For 20 minutes Andrea McColl, a research assistant at the University of Southern California, has been repeating the same string of nonsense syllables, changing her intonation on cue. When a smiling cartoon face pops up on the screen in front of her, she tries to sound happy. When a frowning face pops up, she sounds sad. And then, again on cue, she falls silent, listening via a headphone as an actress runs through a similar da-da-da-da-da routine.
It’s an exercise that would seem trivial, even silly, were McColl not lying on her back inside a brain-scanning machine. She’s one of the first participants in a research project designed by Lisa Aziz-Zadeh, a neuroscientist at U.S.C.’s Brain and Creativity Institute, to test an intriguing question at the heart of a new field of brain research: Do areas of gray matter respond to the emotional contours of speech produced by others in the same way they do when we ourselves are speaking?
The question is one few researchers would have thought of asking a decade ago. But that was before University of Parma neuroscientist Giacomo Rizzolatti and his colleagues began publishing the eyebrow-raising results of experiments they had been conducting with macaques. The Italian scientists were monitoring the monkeys’ brain activity–observing how neurons in the premotor cortex buzzed with activity as the animals grasped a piece of food–when something strange kept happening. The monkeys would be sitting still, doing nothing in particular, and one of the researchers would pick up some raisins or sunflower seeds in order to place them on a tray. At that point, the same neurons started buzzing again, in just the same pattern. The scientists couldn’t explain it; they thought that perhaps the monkeys were subtly moving in anticipation of being fed. Through a series of experiments, however, they finally established that the neurons started firing whenever the monkeys saw a person grasp an object. It was as if the monkeys were mentally mirroring the action they observed.
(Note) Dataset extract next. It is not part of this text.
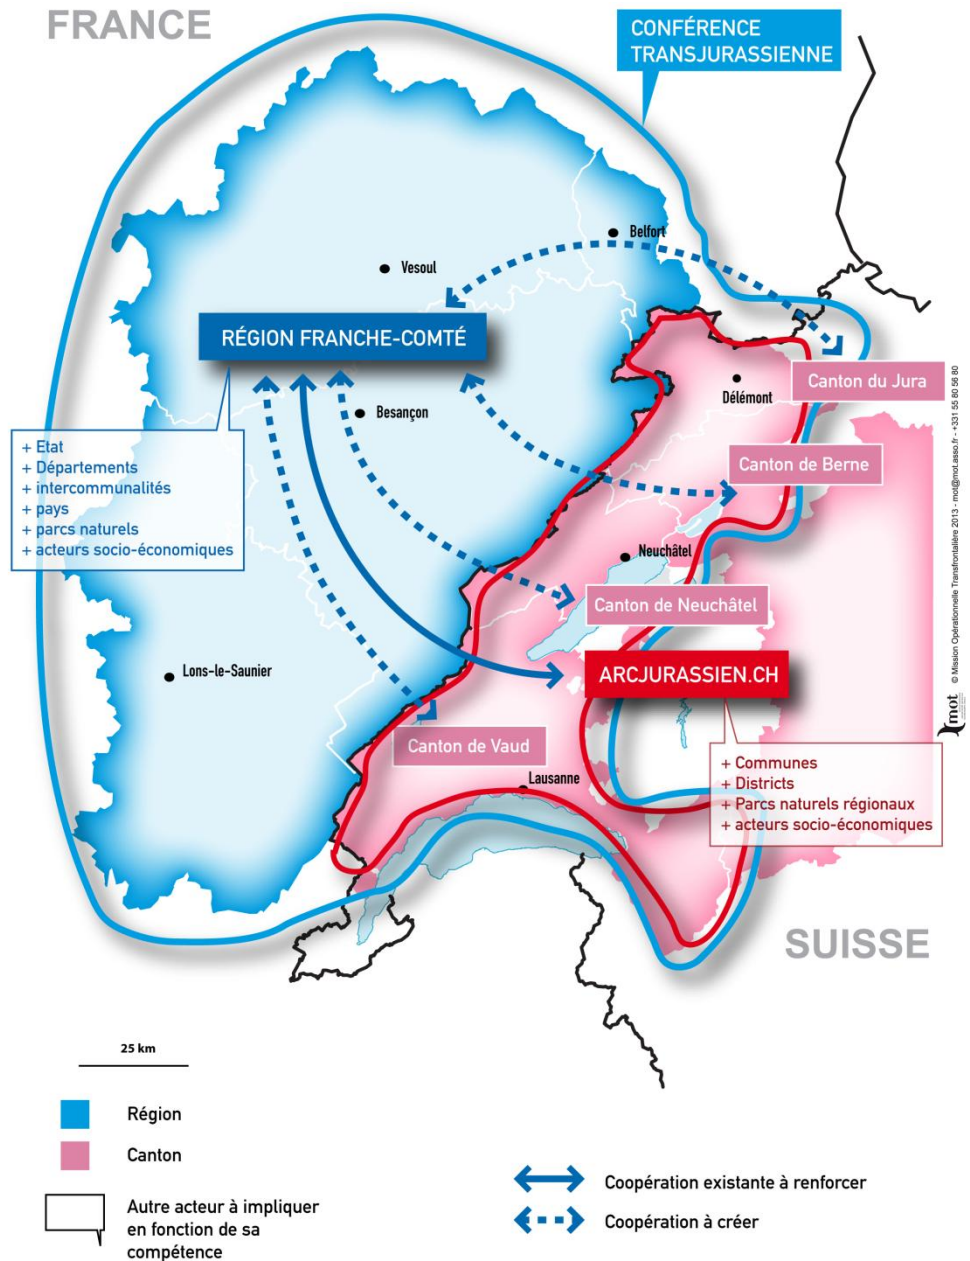

ASSEMBLEE GENERALE ANNUAL GENERAL ASSEMBLY

1. Les nouveaux adhérents 1. The new members

Conférence TransJurassienne

Brain scans have now indirectly established the presence of similar monkey-see-monkey-do neurological activity in human subjects, and mirror neurons, to use the term the University of Parma team coined, have emerged as a compelling biological explanation for a broad range of brain activity, from a newborn’s instant response to a mother’s smile to a movie audience’s gasps during a particularly effective chase scene.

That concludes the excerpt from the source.